I trust you appreciate the urgency of the matter (the adjourned special meeting of stockholders will resume on October 23, at 7.30 am in Irvine, California), and I sincerely hope you can do what is necessary to ensure the full commitment of your team to this transaction.
I also hope you will appreciate my candor in bringing this to your attention. I believe it is in our mutual interest and even more so in that of our stockholders and your clients that I do so. Please feel free to contact me at +1 (949) 855-7118 or pieter.wolters@isotis.com if I can provide you with any further information.
         
  Sincerely yours,

Pieter Wolters
President & Chief Executive Officer
 
 
     

 


 

A special stockholder meeting was convened on October 11, 2007 and was adjourned to October 23, 2007 to obtain stockholder approval of the proposed transaction.

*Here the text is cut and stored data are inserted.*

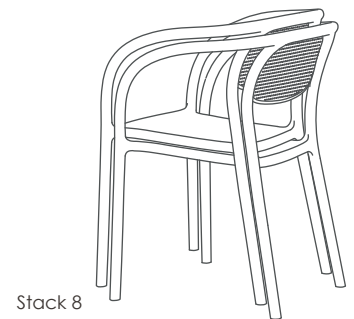

DETALLES / DETALHES / DETAILS / DÉTAILS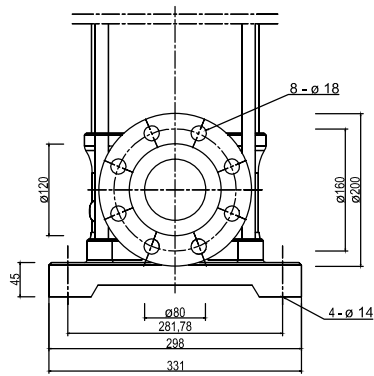

F(DIN)  
 PN16-25-40(DN80)  
 /mm/

BV 45-10

PUMPS	07.07.2020
Textilná 3/A	
040 12 Košice	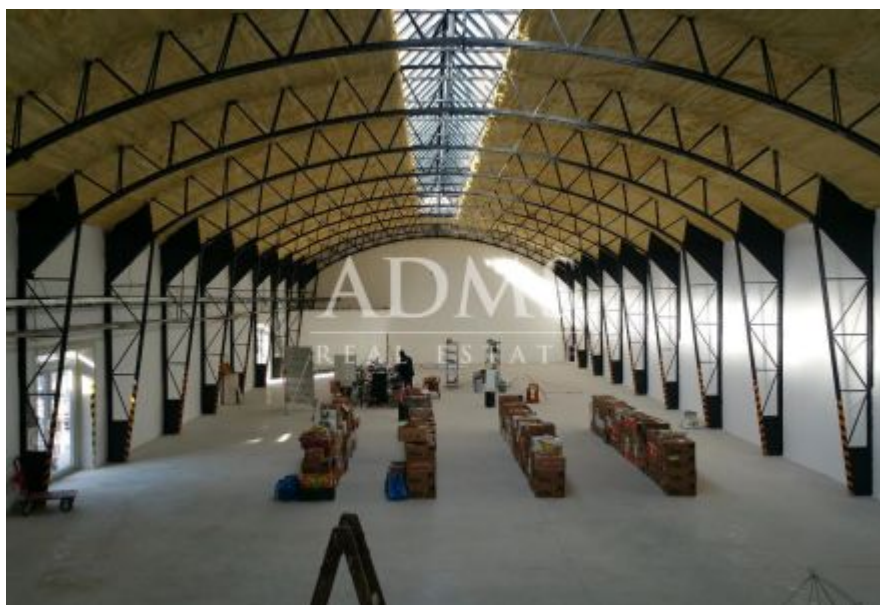

Rent: Skladová hala, Žilina

ID 1577893

Region:	Žilinský kraj
District:	Žilina
Town:	Žilina
Category:	Commercial objects
Property type:	storage
Floor area:	720 m ²
Built-up area:	720 m ²
Plot area:	0 m ²
Price:	5,50 €/m ² /month

Skladová hala v oplotenom areáli v Žiline.

Oblúčková hala

- 720m² prenajateľný priestor pre skladovanie

- možnosť administratívneho zázemia priamo v areály
- výška 5m
- maximálna výška v oblúku 7,5 m
- leštená podlaha - pancierová z drátko-betónu s vysokou nosnosťou
- sociálne zariadenia
- nakladacia rampa
- bezpečnostné zariadenie
- LED osvetlenie
- podvojný merače el. energie a vody
- systém kúrenia sa prispôbuje požiadavkám nájomníka
- internetové pripojenie
- 6 parkovacích miest (4 v cene nájmu)
- upratovanie spoločných priestorov
- 24/7 strážna služba
- Kamerový systém
- Prístup pešo/autom od OD TESCO
- Odvoz odpadu
- Reklamná kampaň
- Ročné vyúčtovanie energií

IsoTis has filed with the Securities and Exchange Commission and distributed to its stockholders a definitive proxy statement and other relevant documents in connection with the special stockholder meeting for the proposed transaction. IsoTis stockholders are urged to read the definitive proxy statement and other relevant materials because they contain important information about IsoTis, Integra and the proposed transaction. Investors may obtain a free copy of these materials and other documents filed by IsoTis with the Securities and Exchange Commission at the SEC’s website at www.sec.gov, at IsoTis’ website at www.isotis.com or by sending a written request to IsoTis at 2 Goodyear, Irvine, California 92618, Attention: Chief Financial Officer.
IsoTis and its directors, executive officers and certain other members of management and employees may be deemed to be participants in soliciting proxies from its stockholders in favor of the proposed merger. Information regarding the persons who may, under the rules of the SEC, be considered to be participants in the solicitation of IsoTis’ stockholders in connection with the proposed transaction is set forth in IsoTis’ definitive proxy statement for its special meeting. Additional information regarding these individuals and any interest they have in the proposed transaction is set forth in the definitive proxy statement on file with the SEC.